BEGIN Records for this exercise

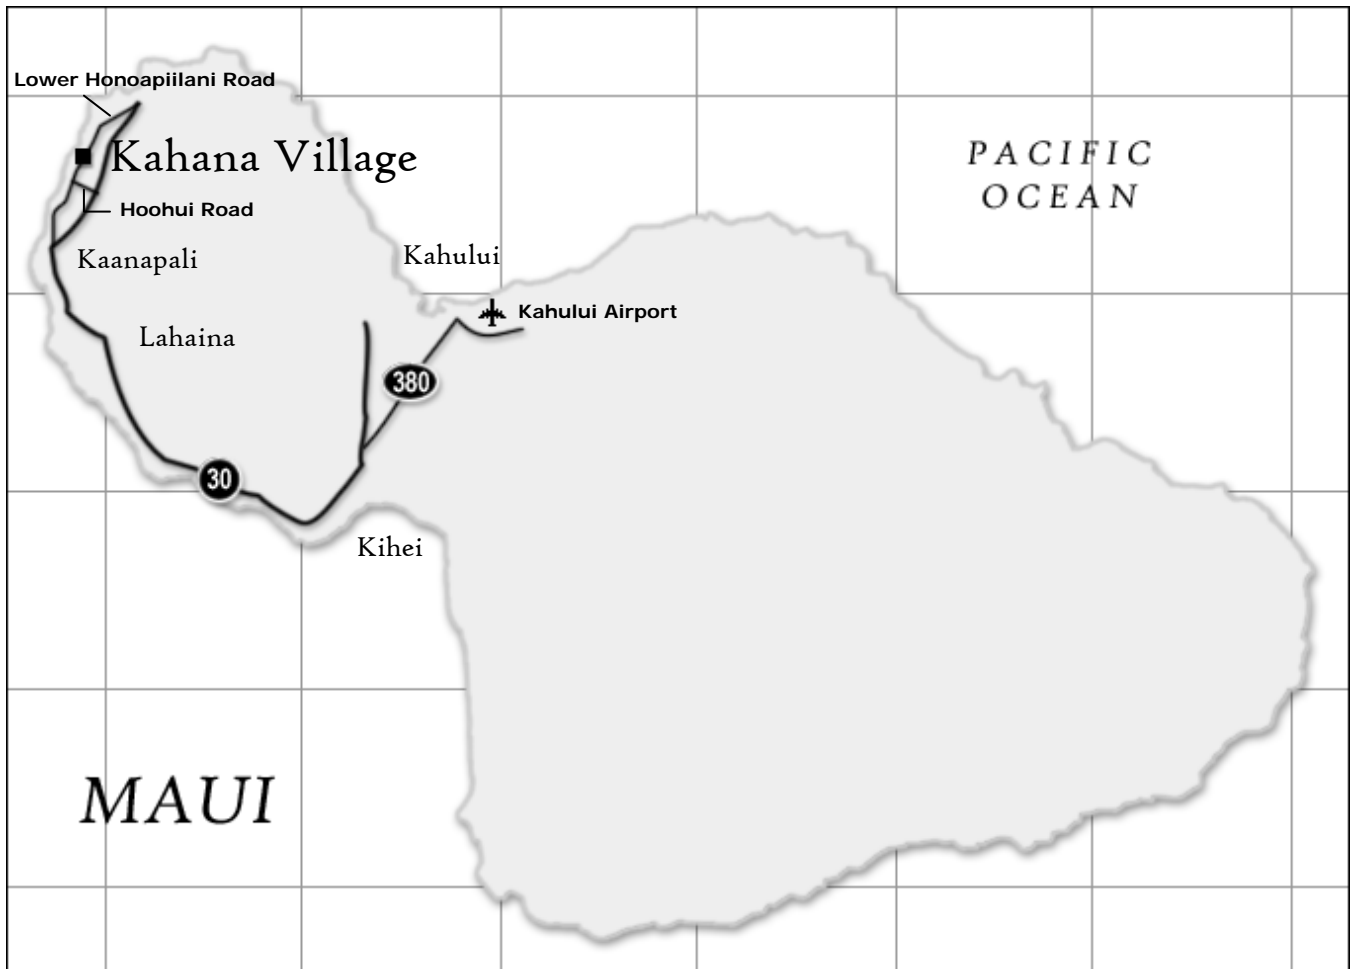

Kahana Village Driving Directions

1. Follow **Highway #380** (Dairy Road) from the Kahului airport approximately 5 miles until it intersects with Highway #30.
2. Turn left onto **Highway #30** at the stop light. You will be traveling **north** on Highway #30. It will be approximately 18 miles to Lahaina Town exits.
3. Continue traveling north on Highway #30 approximately 7 miles past the Lahaina Town exits to "**Kahana**". You will come to a stop light and you will see a McDonald's Restaurant on the left side of the road.
4. Get in the left turn lane and turn left onto **Hoohui Road**. At the end of the block there will be a stop sign.
5. Turn right on **Lower Honoapiilani Road** at the stop sign and go approximately 3 blocks to Kahana Village which will be on the left side of the street.

END Records for this exercise

What to do = Which lines run from the one holding "1. Follow **Highway" through the one holding "3. Continue traveling" in the records above? Repeat them exactly, both included, and nothing more.

Result of the task =
1. Follow **Highway #380** (Dairy Road) from the Kahului airport approximately 5 miles until it intersects with Highway #30.
2. Turn left onto **Highway #30** at the stop light. You will be traveling **north** on Highway #30. It will be approximately 18 miles to Lahaina Town exits.
3. Continue traveling north on Highway #30 approximately 7 miles past the Lahaina Town exits to "**Kahana**". You will come to a stop light and you will see a McDonald's Restaurant on the left side of the road.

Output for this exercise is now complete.